This is as far as I can get for now (I'll have to learn more about the internals to be of more help)
a couple ideas:
1) cache apply_type results for types with missing trailing parameters (like Array{T}
)
2) restore optimization of f(A...) = g(A...)
in codegen
I'm guessing https://github.com/JuliaLang/julia/pull/16498 might be causing this. So 1) would likely be a solution.
(2) is in #16836.
TODO: try benchmarking julia -O3
and seeing if it improves benchmarks; also see how bad the compilation times are with -O3
these days.
Table updated. I also tried -O3 (just for the benchmarks; didn't rebuild the sysimg with it). -O3 times are given only where significantly different from the normal times. Indeed, it helps some of the worst regressions a lot, in the case of sparsemul
taking it from slower than 0.4 to faster.
(the sysimage should be defaulting to building with -O3)
JULIA_THREADS=0 or =1 for the new columns?
Ah, right. THREADS=1 in the new columns.
The problem with add1
and add1_logical
is with zip
. Changing
function _unsafe_getindex(::LinearIndexing, src::AbstractArray, I::AbstractArray{Bool})

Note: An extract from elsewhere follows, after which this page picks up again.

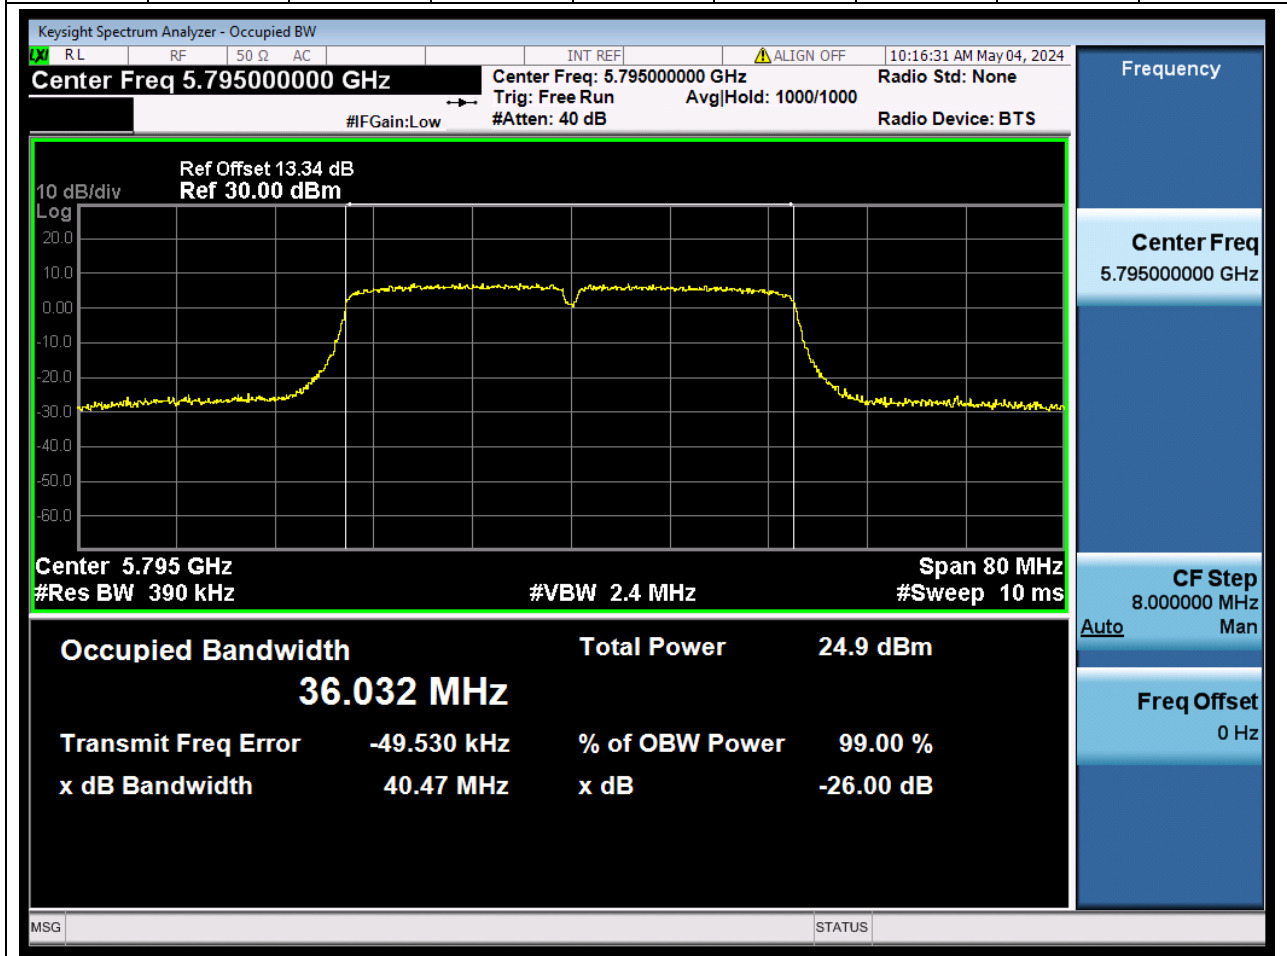

84. 802.11ac_40M_U-NII-3_H

84.1. A.2.2-99% Bandwidth(NTNV)

Center Frequency (MHz)	OBW Power (%)		RBW (MHz)	Detector	Limit (MHz)	OBW (MHz)		Verdict
5795	99		0.39	Peak	0	36.032474		N/A

shape = index_shape(src, I)
dest = similar(src, shape)
size(dest) == shape || throw_checksize_error(dest, shape)
D = eachindex(dest)
Ds = start(D)
for (i, s) in zip(eachindex(I), eachindex(src))
@inbounds Ii = I[i]
if Ii
d, Ds = next(D, Ds)
@inbounds dest[d] = src[s]
end
end
dest
end
similar to what is was before
function _unsafe_getindex(::LinearIndexing, src::AbstractArray, I::AbstractArray{Bool})
shape = index_shape(src, I)
dest = similar(src, shape)
size(dest) == shape || throw_checksize_error(dest, shape)
D = eachindex(dest)
Ds = start(D)
s = 0
for i in eachindex(I)
s += 1
@inbounds if I[i]
d, Ds = next(D, Ds)
dest[d] = src[s]
end
end
dest
end
makes them faster than in 0.4. This was introduced in #15434 and friends
Good find @pabloferz!
cc @timholy, I thought the point of replacing indexing loops like that in so many places in base with zip and eachindex was that it had gotten to performance parity and wouldn't slow the common case down? Did that regress and become no longer the case?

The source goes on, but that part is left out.